Quand je traduis, donc, quand vous traduisez, l'essentiel est dans la déflagration et le repli. Vous traduisez la phrase, certes, mais surtout vous traduisez avec la puissance des centaines de milliers de mots qui la portent. Vous traduisez l'instant dans le mouvement, le détail dans le tout, la lettre dans l'esprit dans la voix dans le corps.
Traduire, c'est mourir. C'est décéder dans sa langue pour mieux, une fois côtoyés les vers qui rongent et nourrissent ce lieu faussement commun qu'est le langage, renaître, revenir, sans ruse ni rouerie (la trouvaille est souvent rouillée, la bonne idée bancale), et profiter de cette décharge, de ce flux, de ce sentiment de puissance et d'échec qui seul permet de ne pas capituler.
Le texte que vous traduisez n'a ni prévu ni interdit sa transformation. Il l'a juste rendue possible en étant si singulier, si hachuré, si démantibulé que vous ne pourrez en mimer l'épilepsie qu'en acceptant d'en sucer les symptomes.
On traduit, à force d'âge et de coups, à même l'âtre et la forge de la jouvence; car tout à chaque fois revit et recommence, on voit monter la langue depuis sa gangue enfouie et sourde, elle bataille et sourit, grimace et fuit, elle devient l'entrelangue immédiate de notre possibilité d'existence. A n'être que langue, on devient lèvre, trachée, poumon, on tient le souffle, on côtoie la cadence. Traduire est dangereux: ça vous bégaie, vous tait, ça fait de vous l'éternel idiot faulknérien. Mais c'est bien. C'est ce que vous vouliez, depuis le début, depuis le balbutiement: non pas parler la langue sans feu, mais brûler dans l'eau même du langage. Traduire vous met à genoux, et du coup, la terre le sol la boue sont des paysages plus proches. This is not an exercice. I repeat: this is not an exercice.

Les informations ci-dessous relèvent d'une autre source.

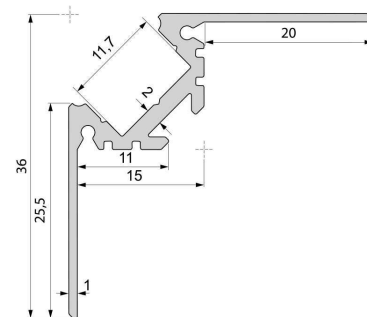

**Artikel Nr.: 970450**

Trockenbau Eck-Profil Ecke außen AV-02-10 passend für 10 - 11,3 mm LED Stripes

**Charakteristik**

<b>Material</b>	Aluminium
<b>Farbe</b>	Silber-matt
<b>Optik</b>	eloxiert
	0,00

**Abmessungen und Gewicht**

<b>Länge</b>	2500,00
<b>Breite</b>	36,00
<b>Höhe</b>	36,00
<b>Durchmesser</b>	0,00
<b>Gewicht</b>	731 g

**Montage**

**Befestigungsmöglichkeiten**

- Montagekleber
- Wärmebeständiges doppelseitiges Klebeband
- Schaumstoffklebeband für unebene Oberflächen
- Senkkopfschrauben
- Zentrier-Bohrhilfe: das Profil verfügt im Inneren über eine kleine Fuge

**Artikel Nr.: 970450**

Drywall corner-profile outer corner AV-02-10 suitable for 10 - 11,3 mm LED Stripes

**Characteristics**

<b>Material</b>	aluminum
<b>Color</b>	matt silver
<b>Optic</b>	anodized

**Dimensions & Weight**

<b>Length</b>	2500,00
<b>Width</b>	36,00
<b>Height</b>	36,00
<b>Diameter</b>	0,00
<b>Product Weight</b>	731 g

**Mounting**

**Mounting Options**

- mounting glue
- heat resistant double-sided adhesive tape
- foam tape for uneven surfaces
- counter sunk screws
- Centering drilling aid: the profile has a small gap inside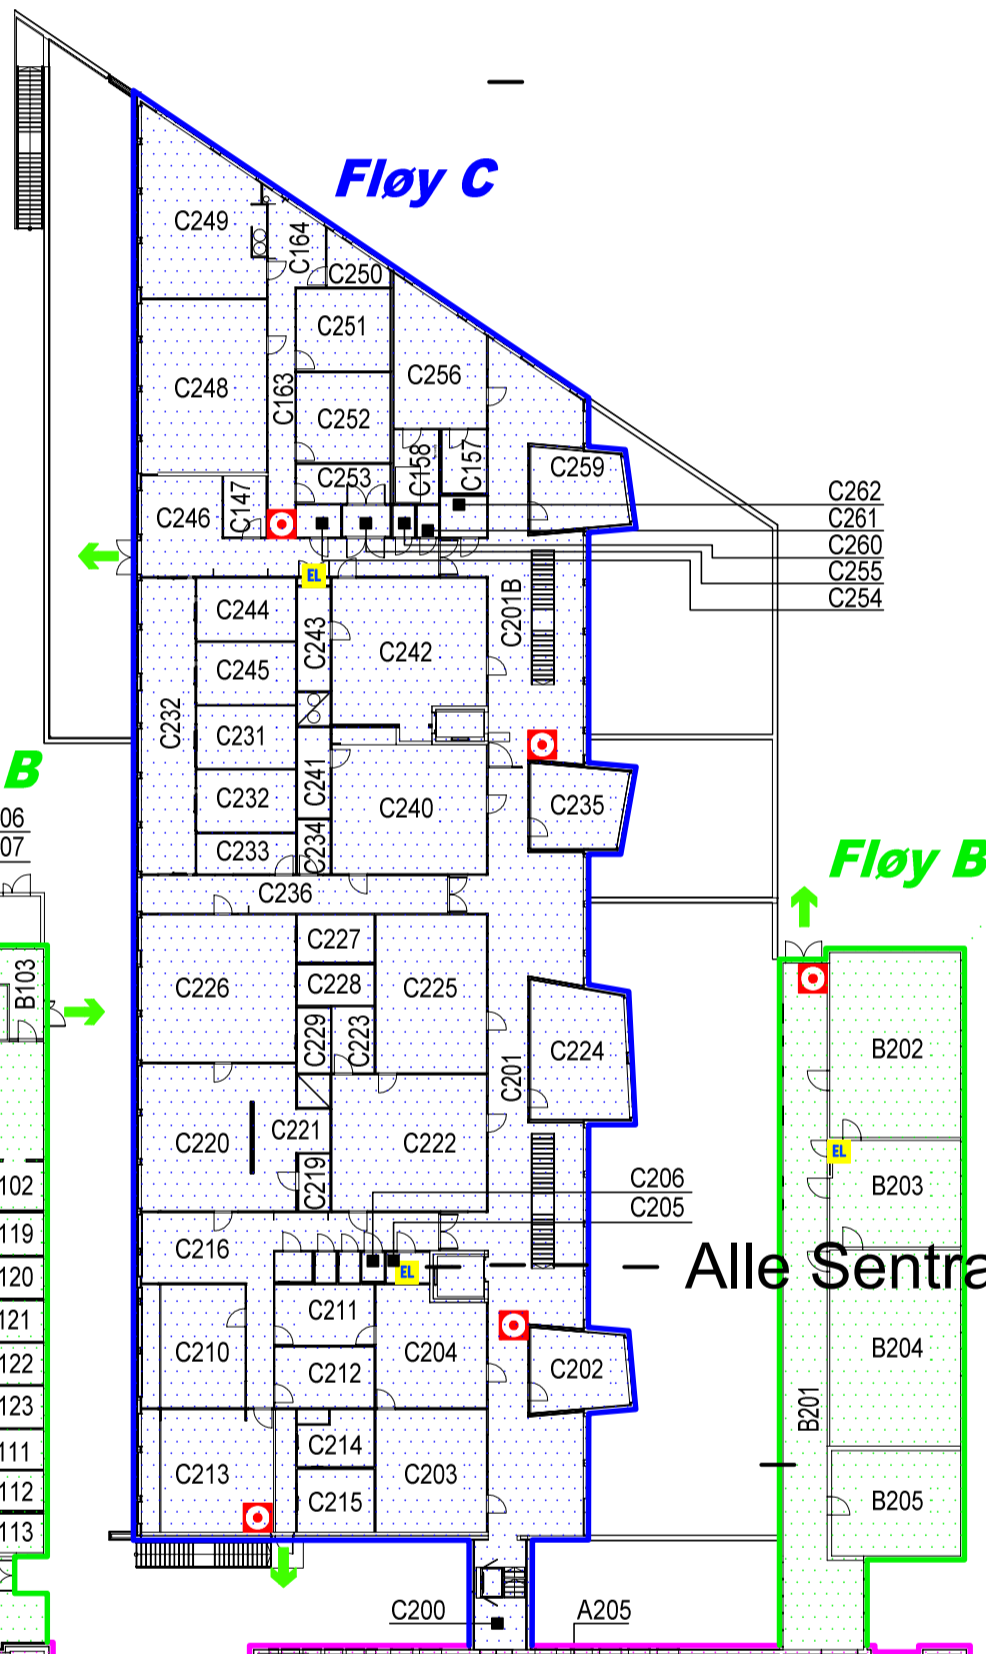

ORIENTERINGSPLAN

Messanin

Fløy A

4. etg.

Fløy A

Loft

Fløy C

Fløy C

Fløy B

Fløy B

Fløy C

- Alle Sentraler for Innbrudd, adgang, og nødlys

1. etg.

Fløy A

2. etg.

Fløy A

3. etg.

Fløy A

Du står her
BRANNSENTRAL

Tegnforklaring

BRANNSENTRAL

BRANNMANNSPANEL

MANUELL MELDER

ELSKAP

Toucher à la langue, autrement dire traduire, nous désaxe. Accepter, rechercher, désirer ce désaxement exige de l'instinct, de la technique. Il exige surtout ceci: arrêter de se croire soi. Langage souvent dérange. Traduire, ce n'est pas être bois et se croire violon (thanks Rimbaud) mais s'imaginer, se rêver, archet, archet de chair.
Traduire, c'est mourir. Mais pas d'ennui. Mais sans fin. De plaisir. C'est donc ne pas mourir. Le soi s'y perd, crève, pffuiit, ballon sot que rien ne retenait – on ne le regrettera pas. On peut vivre enfin dans le nous, s'y croire légion, nager à même le texte qui n'est que vagues, formes, saignées. Voyez comme c'est facile. Prenez l'égo, trouez-le – puis, vaincu heureux, écoutez le vent.